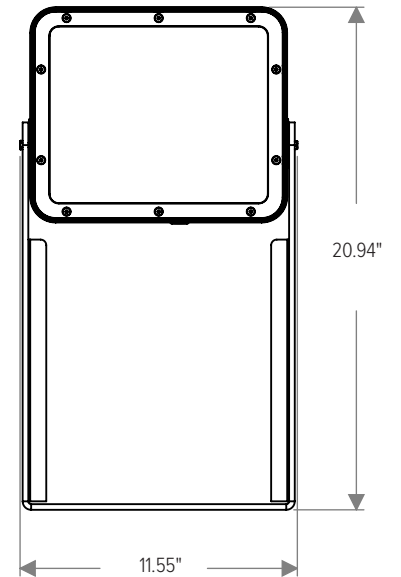

With 16.1" Extended Mounting Yoke
(CP100-EXTYOKE410-XX)
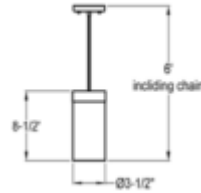

MODEL #
RFBS

TECHNICAL SPECIFICATION

MODEL #:	WATTAGE:	VOLTAGE:	KELVIN:	SIZE:
TECHNOLOGY:	ACCESSORIES:			
PROJECT:	NOTES:			
TYPE:	AREA:			

FEATURES

PRODUCT IMAGE

APPLICATION

Indoor
Sconce/Mini Pendant LED Lamp

LOCATION

Damp

LIGHT PROPERTIES

Available Kelvin Options:

2700K WARM WHITE	3000K SOFT WHITE	4000K COOL WHITE	5000K DAYLIGHT

LED CHIPS USED
LG/NICHIA/SAMSUNG

TESTED
LM80 AND LM82

CRI
80+

LIFE HOURS
50,000

LED GU24 BULB OR MEDIUM BULB

LED BULB WATTAGE	SOURCE LUMENS @40K	DELIVERED LUMENS
6	600	450
9	900	675
12	1200	900

VOLTAGE

Standard:
TD - 120V TRIAC/ELV DIMMABLE
ND - 120V NON DIMMABLE
DV - 120V/277V NON DIMMABLE
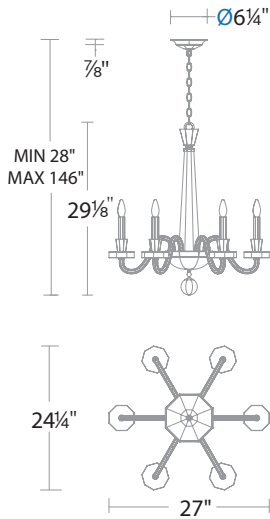

## LINE DRAWING

## FEATURES

- Comes with 40-inches of chain
- Uses six 60 watt max, 25 watt equivalent recommended candelabra base bulbs (not included)
- Sloped ceiling adaptable
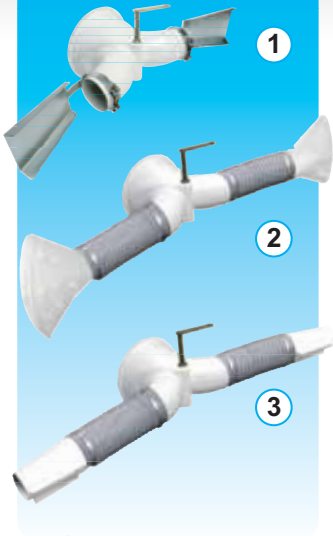

DTSA 600

▲ Picture:
DTSA 600 fitted with
4-outlet kit (2 cannons
+ 2 fans). Kit no. 7
on the back of this
sheet

NEW!

DTS-R 250
TØ470

◀ Picture:
DTS-R 250 TØ470 TØ470
fitted with hydraulic boom,
9 columns with fan outlets

Check on the back of this sheet the application kits to be assembled on these models (see table)

TEYME
TECNOLOGÍA AGRÍCOLA, S.L.

DUSTING MACHINES RANGE

2-outlet kits

4-outlet kits

5-outlet kits

7-outlet kits

Cannon kits

LEGEND

■ Kit available for this model

★ DTE-S model does not include the 2-outlet kit (as shown in the picture) because outlets or deflectors are directly assembled to the machine

	1	2	3	4	5	6	7	8	9	10	11	12	13	14
MT range				■										
DTE range				■										
DTE-S range	★		★											
DTS range	■	■	■		■	■	■	■	■	■	■	■	■	■
DTSS 400					■	■	■			■	■	■		
DTSA 600					■	■	■			■	■	■		
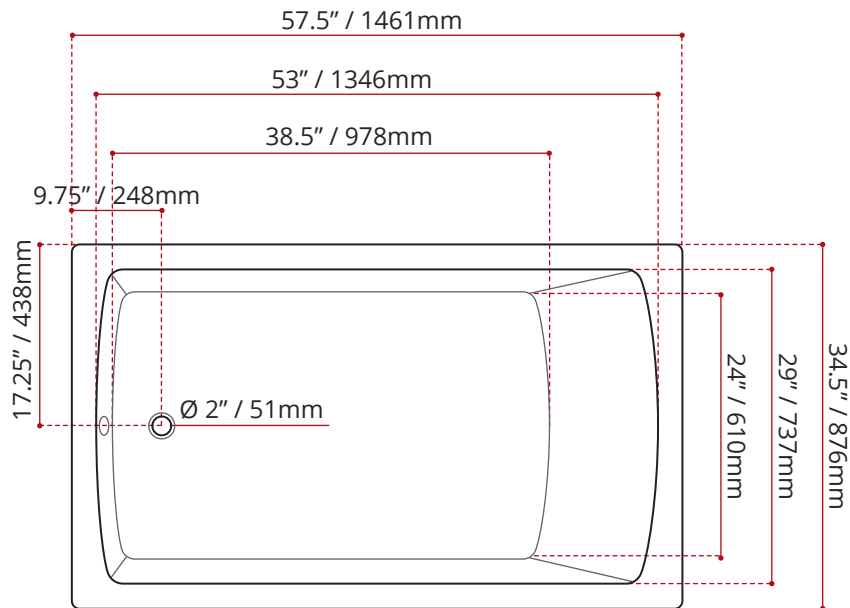

WHITE FINISH
MODEL No.
<b>3921</b>

BLACK FINISH	BISCUIT FINISH
MODEL No.	MODEL No.
<b>3922</b>	<b>3923</b>
<i>COLOUR OPTIONS ARE MADE TO ORDER - NO REFUND - NO RETURN -</i>	

DIMENSIONS	WATER DEPTH	CAPACITY
<ul style="list-style-type: none"> <li>• Length: 57.5" / 1461mm</li> <li>• Width: 34.5" / 876mm</li> <li>• Height: 20" / 508mm</li> </ul>	13.5" / 343mm Drain to overflow	54 gal. 204 litres of water

SHIPPING INFORMATION:	
<ul style="list-style-type: none"> <li>• Length: 62" / 1575mm</li> <li>• Width: 38" / 965mm</li> <li>• Height: 26" / 660mm</li> </ul>	<ul style="list-style-type: none"> <li>• Net Weight: 32 kg / 71 lbs</li> <li>• Gross Weight: 38 kg / 84 lbs</li> </ul>

DISCLAIMER: Measurements may vary ± 1/4" (Diagram Not to scale)

**CUSTOMIZE YOUR TUB**

*ALL UPCHARGE OPTIONS ARE MADE TO ORDER - NO REFUND - NO RETURN -*

AVAILABLE CUSTOMIZATION OPTIONS	MODEL No.
TEXTURED BOTTOM	<b>C4</b>
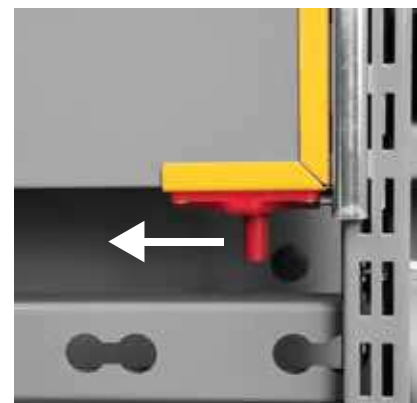

As a safety block, Light Shelf uses a special pin that allows **the Shelf to be opened with one hand**. The capacity of each Shelf is 80 Kg and this can be increased **up to 120 Kg** with use of special uprights. The Light Shelf suspension system **needs no steel wires or straps**, which are often an impediment in lengthwise arrangement of packages. This allows several shelves aligned at the same height to be transformed into a single surface, making it easy to **transport particularly long goods**.

Geschlossenes Regal in Position 1
Closed shelf in position 1

Geschlossenes Regal in Position 2
Closed shelf in position 2

Offenes Regal
Opened shelf

Einhändiges Öffnen des Regals
Opening shelf-system with one hand

********

Your goal: Copy out, exactly and alone, the lines of the entries above between the ones holding "TECNOLOGÍA AGRÍCOLA, S.L." and "to the machine", inclusive.

Response:
TECNOLOGÍA AGRÍCOLA, S.L.

DUSTING MACHINES RANGE

2-outlet kits

4-outlet kits

5-outlet kits

7-outlet kits

Cannon kits

LEGEND

■ Kit available for this model

★ DTE-S model does not include the 2-outlet kit (as shown in the picture) because outlets or deflectors are directly assembled to the machine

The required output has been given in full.